(Work to complete) Of the records that follow, copy only the lines from the line containing "to host jobsearch-jobsearch-apis-prod.prod.services.jtech.se." to the line containing "Date: 27.SEP.2020 21:11:25", both included, exactly as written.

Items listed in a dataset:

===

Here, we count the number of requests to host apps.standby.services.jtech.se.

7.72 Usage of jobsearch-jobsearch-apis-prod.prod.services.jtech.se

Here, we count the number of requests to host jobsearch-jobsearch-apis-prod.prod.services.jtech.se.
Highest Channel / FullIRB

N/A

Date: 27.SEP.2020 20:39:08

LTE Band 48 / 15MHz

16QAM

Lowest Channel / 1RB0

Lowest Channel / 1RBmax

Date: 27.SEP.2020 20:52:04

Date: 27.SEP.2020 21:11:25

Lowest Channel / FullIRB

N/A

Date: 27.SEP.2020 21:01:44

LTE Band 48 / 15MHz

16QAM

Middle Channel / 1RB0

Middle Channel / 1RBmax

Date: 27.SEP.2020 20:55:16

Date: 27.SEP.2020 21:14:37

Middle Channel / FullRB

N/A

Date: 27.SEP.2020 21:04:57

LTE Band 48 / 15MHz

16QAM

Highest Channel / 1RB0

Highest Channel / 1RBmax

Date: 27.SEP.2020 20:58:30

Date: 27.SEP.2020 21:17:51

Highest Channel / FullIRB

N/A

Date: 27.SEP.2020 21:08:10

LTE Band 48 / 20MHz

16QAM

===

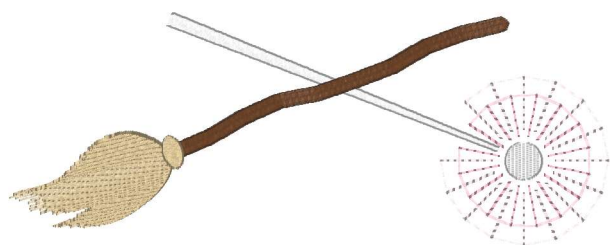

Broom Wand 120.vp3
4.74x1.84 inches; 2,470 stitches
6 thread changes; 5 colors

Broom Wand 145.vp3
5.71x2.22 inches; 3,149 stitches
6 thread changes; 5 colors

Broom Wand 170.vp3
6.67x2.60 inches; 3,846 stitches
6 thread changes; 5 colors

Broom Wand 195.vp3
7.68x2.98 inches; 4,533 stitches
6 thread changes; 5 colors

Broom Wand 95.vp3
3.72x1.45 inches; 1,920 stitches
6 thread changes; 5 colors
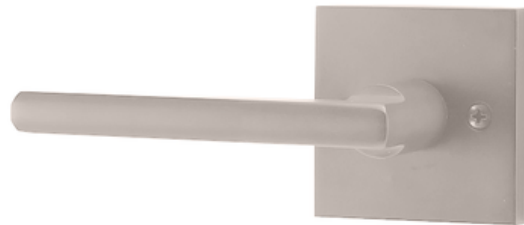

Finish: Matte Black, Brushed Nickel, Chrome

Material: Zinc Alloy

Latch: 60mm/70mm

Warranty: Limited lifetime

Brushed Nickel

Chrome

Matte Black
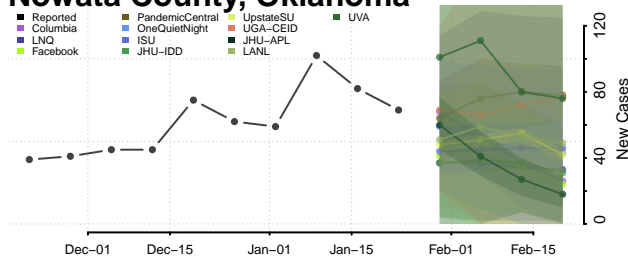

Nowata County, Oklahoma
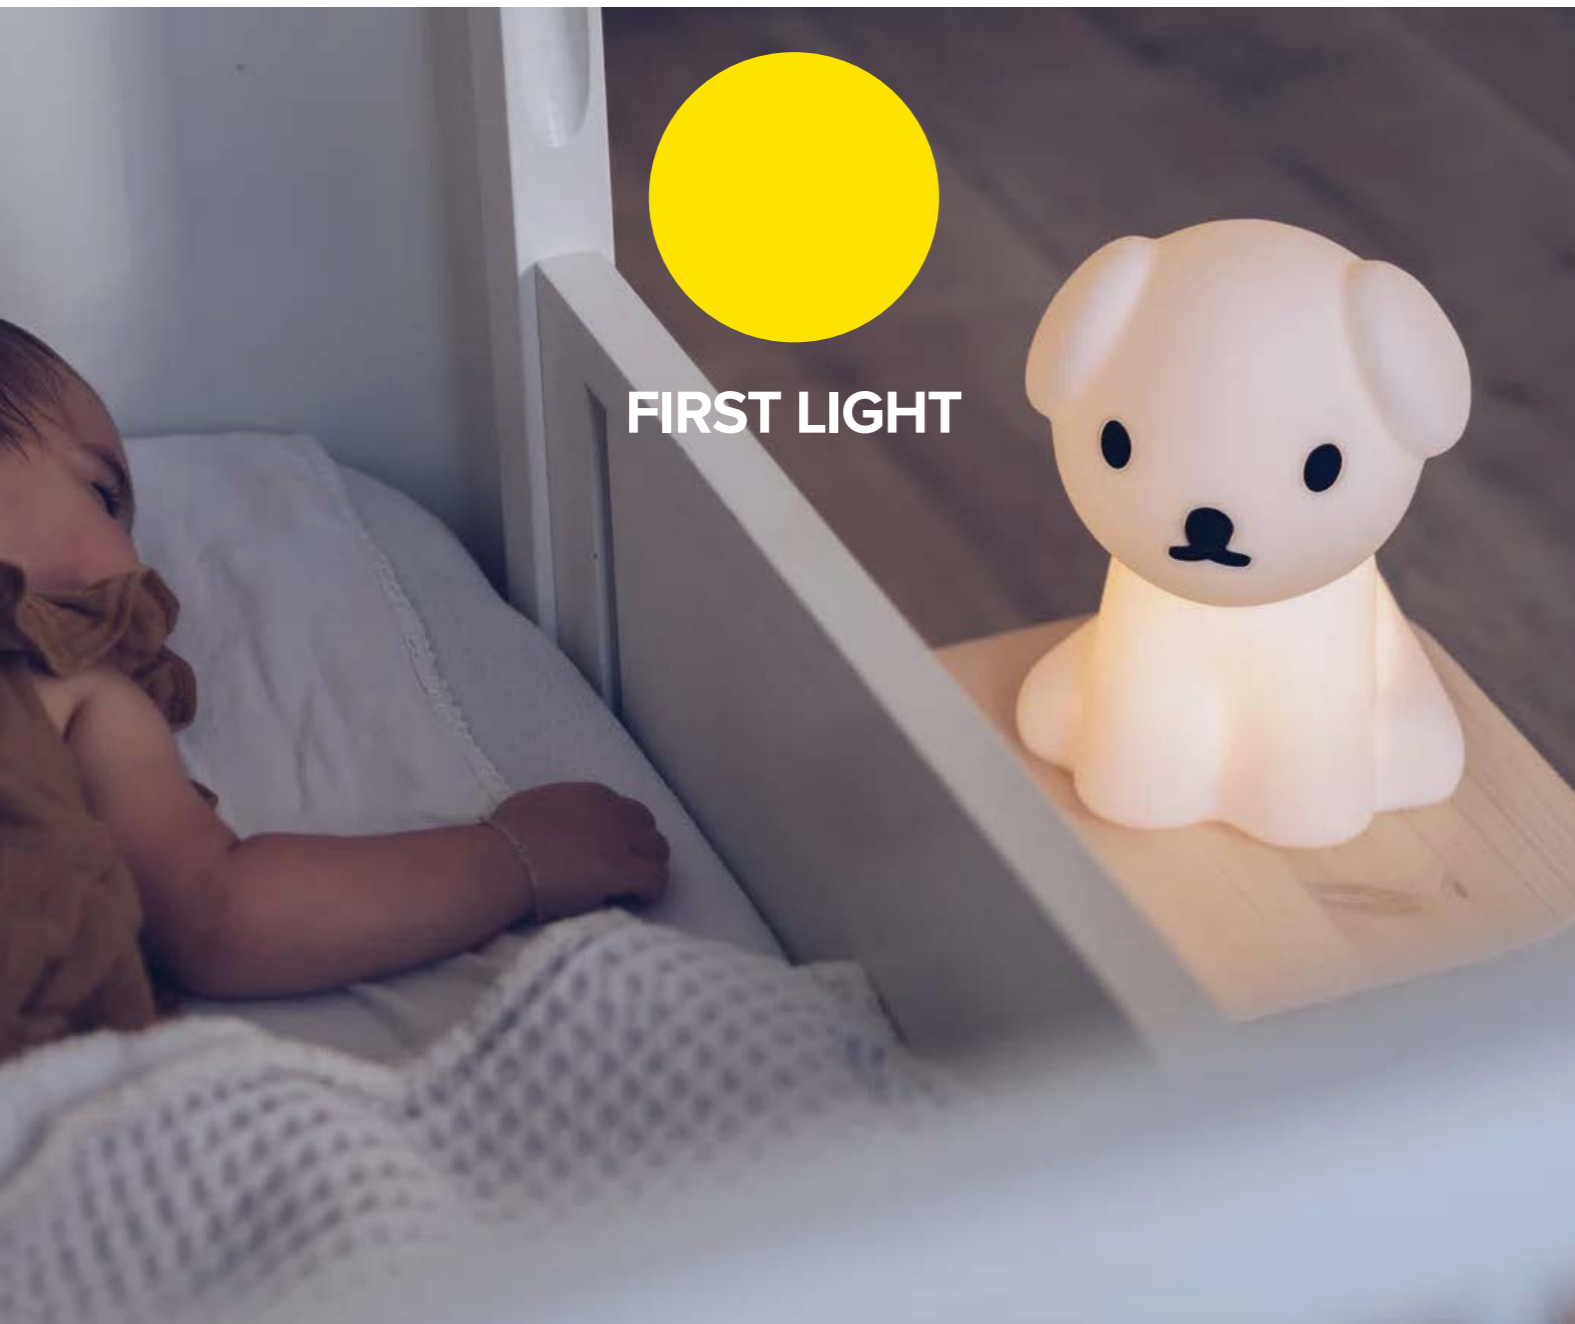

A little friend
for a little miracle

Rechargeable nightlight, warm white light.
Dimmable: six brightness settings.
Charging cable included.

===

(Answer space)
Here, we count the number of requests to host jobsearch-jobsearch-apis-prod.prod.services.jtech.se.
Highest Channel / FullIRB

N/A

Date: 27.SEP.2020 20:39:08

LTE Band 48 / 15MHz

16QAM

Lowest Channel / 1RB0

Lowest Channel / 1RBmax

Date: 27.SEP.2020 20:52:04

Date: 27.SEP.2020 21:11:25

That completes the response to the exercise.